Last updated: Tue 12 Mar 2019, 8:47 PM

Some deadly diseases are making a comeback, decades after scientists had largely eliminated them with vaccines. Recent outbreaks of the oldest vaccine-preventable diseases such as measles, pertussis, diphtheria and polio in developed and developing countries call for global vigilance on immunisation programmes. Public health officials attribute recent outbreaks in developed countries to vaccine hesitancy, a phenomenon as old as vaccines themselves. The World Health Organization defines vaccine hesitancy as "delay in acceptance or refusal of vaccines despite availability of vaccination services" and suggests, "It is influenced by factors such as complacency, convenience and confidence."
Vaccine hesitancy - also referred to as vaccine refusal, anxiety, social resistance and more - is "complex and context specific varying across time, place and vaccines," according to WHO. Vaccines save millions of lives, and yet researchers point out that vaccine hesitancy is a dangerous global trend - in populous emerging economies like India and China as well as advanced economies including the United States and Europe. Concerns about vaccine safety are growing in countries such as Russia, Japan, France, Italy, Greece, Vietnam, and Saudi Arabia.
With scientific breakthrough discoveries in vaccine-preventable diseases since the late 18th century, public health officials worldwide endorse immunisation as the single preventive and cost-effective health intervention.
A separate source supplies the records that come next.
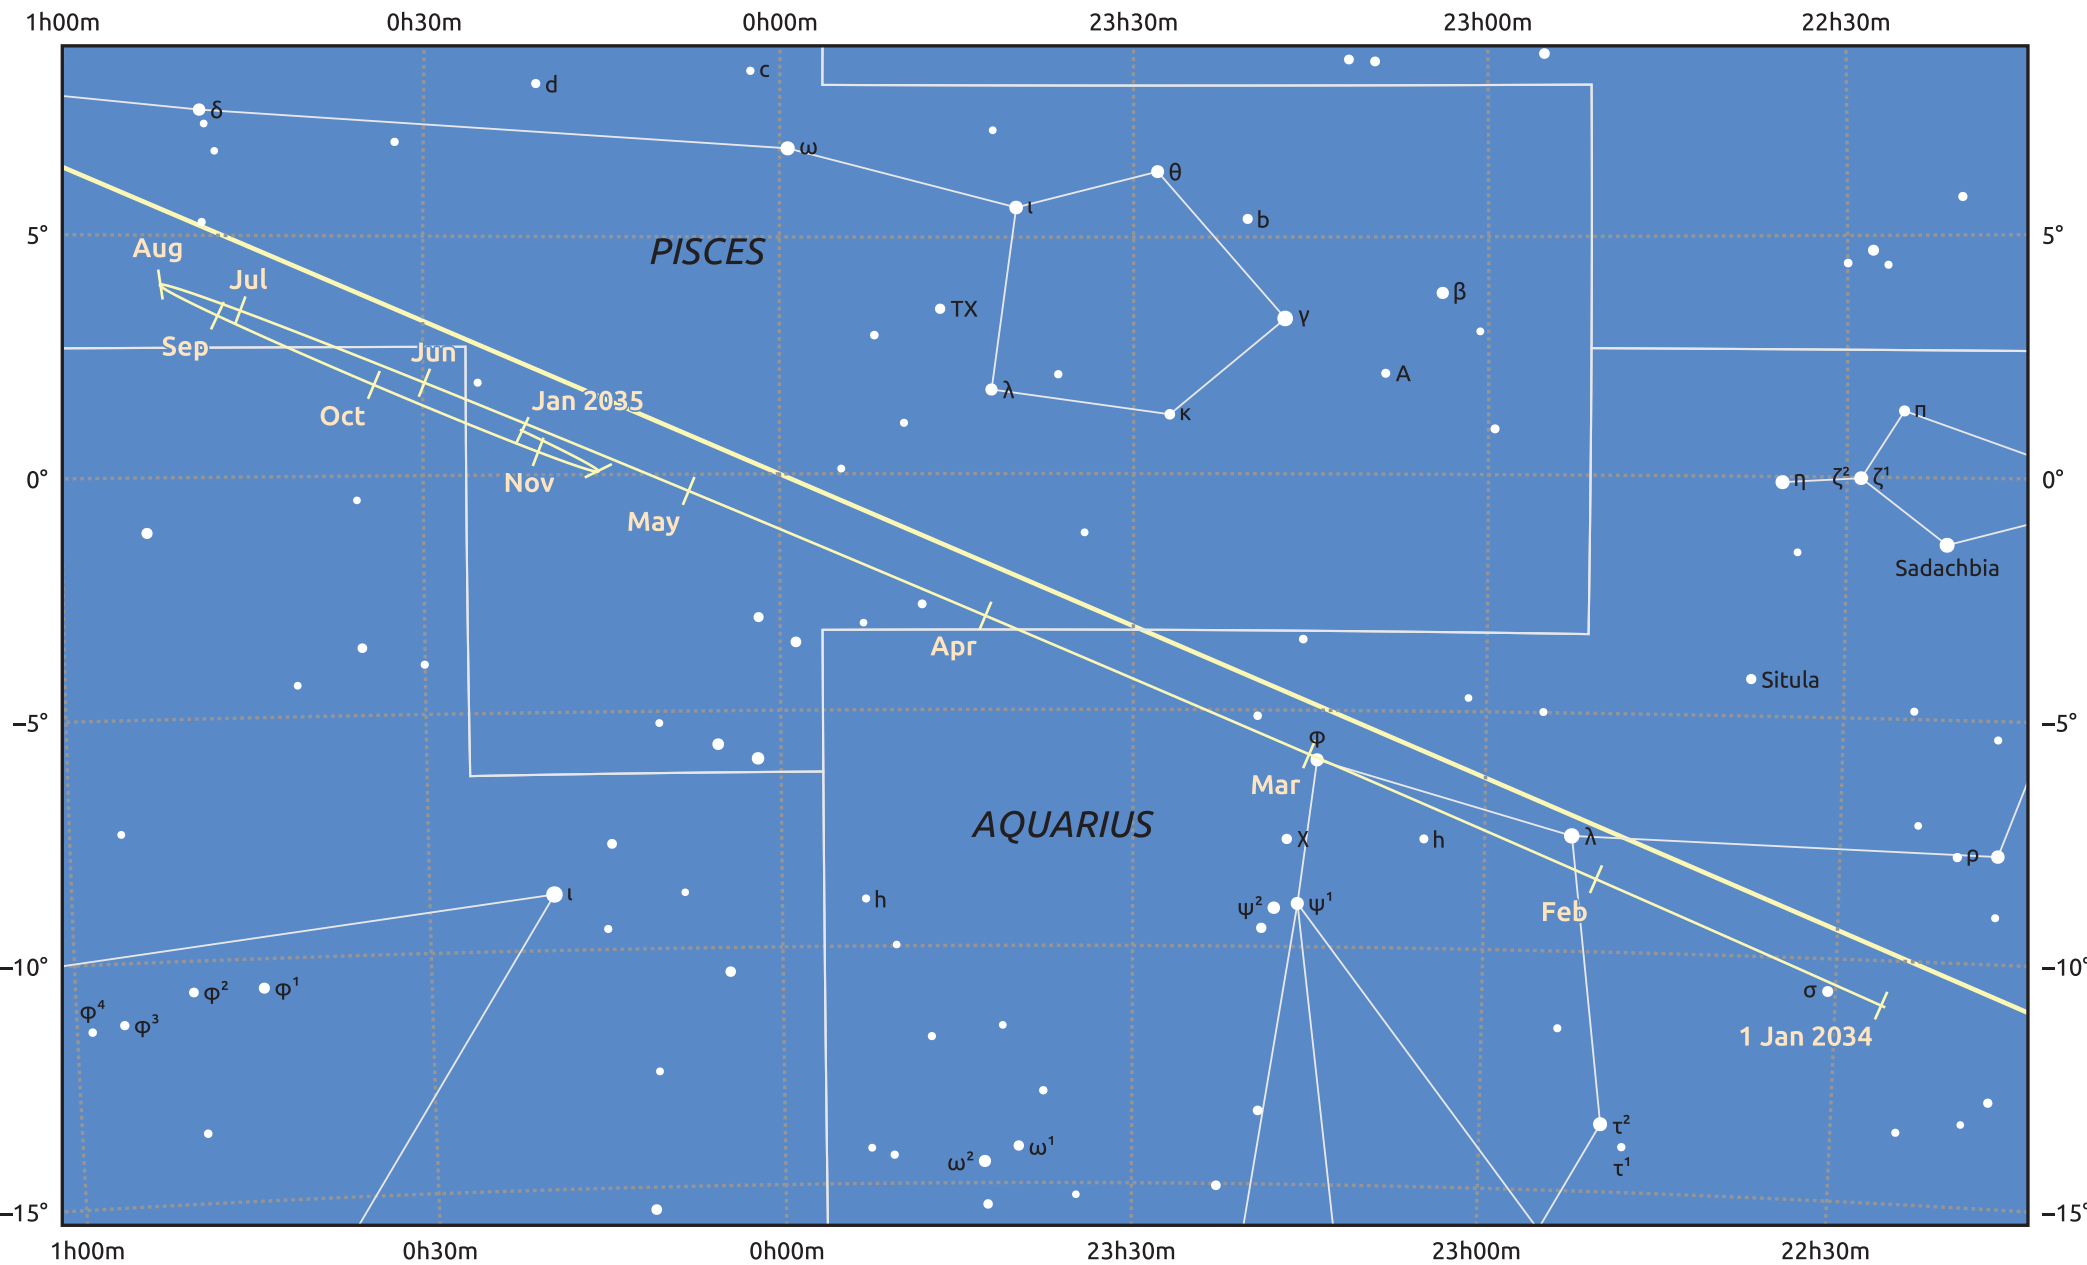

The path of Jupiter in 2034

© Dominic Ford 2011–2025. Date markers placed at midnight UTC. Downloaded from <https://in-the-sky.org>

Magnitude scale: ● 6.0 ● 5.0 ● 4.0 ● 3.0

— Ecliptic Plane

Galaxy Bright nebula Open cluster Globular cluster Planetary nebula

Date	Mag	Angular size
2034 Jan 1	-2.2	35.1"
2034 Apr 1	-2.0	32.6"
2034 Jul 1	-2.4	39.3"
2034 Oct 1	-2.9	48.8"
2035 Jan 1	-2.4	39.1"
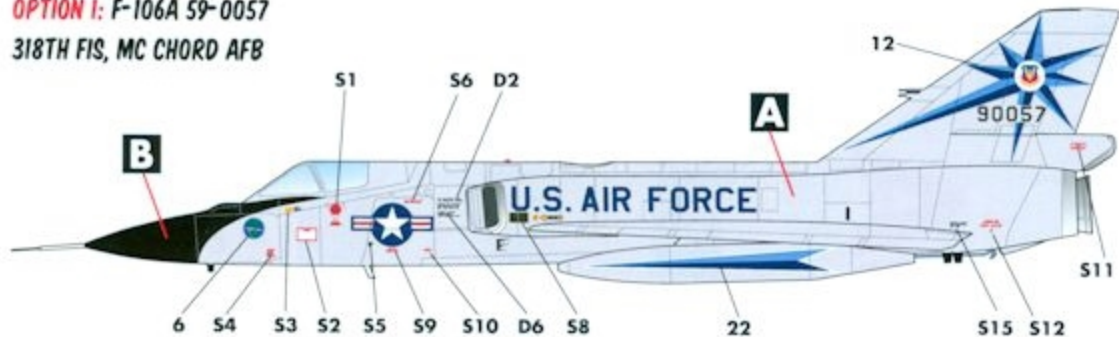

USAF

F-106A

FOUR USAF MARKING OPTIONS
DESIGNED FOR THE TRUMPETER KIT

1/48 SCALE

DECALS PRINTED BY

OPTION 1: F-106A 59-0057
318TH FIS, MC CHORD AFB

THESE DIAGRAMS SHOW THE TYPICAL STENCILLING AS SEEN ON USAF / ANG F-106S DURING THE 1980S.
APPLY THESE MARKINGS FOR ALL OPTIONS EXCEPT OPTION 4 (SEE NOTES)

OPTION 2: F-106A 59-0083
49TH FIS, GRIFFISS AFB

OPTION 3: F-106A 59-0061
B-1B FLIGHT TEST PROGRAM CHASE AIRCRAFT
1987

OPTION 4: F-106A 56-0467
AIR FORCE FLIGHT TEST CENTER, EDWARDS AFB
1959

OPTIONS 1-3

OPTION 4

- A** ADC GRAY (FS16473)
- B** FLAT BLACK (FS37038)
- C** INSIGNIA RED (FS11136)
- D** FLAT WHITE (FS37875)
- E** DAYGLO ORANGE (FS28915)
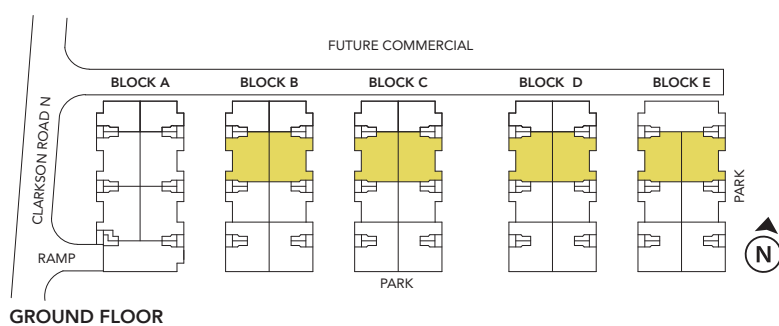

The Sutherland

710 sq.ft.
73 sq.ft. Patio

The Henry 690 sq.ft.
42 sq.ft. Balcony

The Neave 847 sq.ft.
58 sq.ft. Balcony

All dimensions are approximate and subject to normal construction variances. Dimensions may exceed the usable floor area. Sizes and specifications subject to change without notice. Terrace/Balcony/Patio sizes may vary. Please ask sales representative for more details. Furniture is displayed for illustration purposes only and does not necessarily reflect the electrical plan for the suite. Suites are sold unfurnished. E. & O.E.

The Auld 1,149 sq.ft.
58 sq.ft. Balcony

The Charlotte

1,541 sq.ft.
70 sq.ft. Balcony
284 sq.ft. Terrace

All dimensions are approximate and subject to normal construction variances. Dimensions may exceed the usable floor area. Sizes and specifications subject to change without notice. Terrace/Balcony/Patio sizes may vary. Please ask sales representative for more details. Furniture is displayed for illustration purposes only and does not necessarily reflect the electrical plan for the suite. Suites are sold unfurnished. E. & O.E.

The George

1,687 sq.ft.
93 sq.ft. Balcony
305 sq.ft. Terrace

All dimensions are approximate and subject to normal construction variances. Dimensions may exceed the usable floor area. Sizes and specifications subject to change without notice. Terrace/Balcony/Patio sizes may vary. Please ask sales representative for more details. Furniture is displayed for illustration purposes only and does not necessarily reflect the electrical plan for the suite. Suites are sold unfurnished. E. & O.E.

The international community promotes vaccinations as an essential factor for ensuring health equity, especially in low- and middle-income countries.
Immunisation has proven to be cost-effective with immunisation of 116.2 million infants with three doses of combined DTP3 vaccine for diphtheria, pertussis and tetanus in 2017. Despite these efforts, global vaccination coverage remains at 85 per cent, with 19.9 million infants not receiving three doses of the vaccine that year. Improvements in global immunisation coverage are required to prevent vaccine-preventable deaths of children worldwide every year.
A common reason given for vaccine hesitancy is lack of trust among communities and parents for immunisation campaigns. Less trust in government, vaccine researchers, the vaccine industry, and fear around safety and efficacy of vaccines are among the factors driving parents' decisions to delay or refuse vaccinations for their children.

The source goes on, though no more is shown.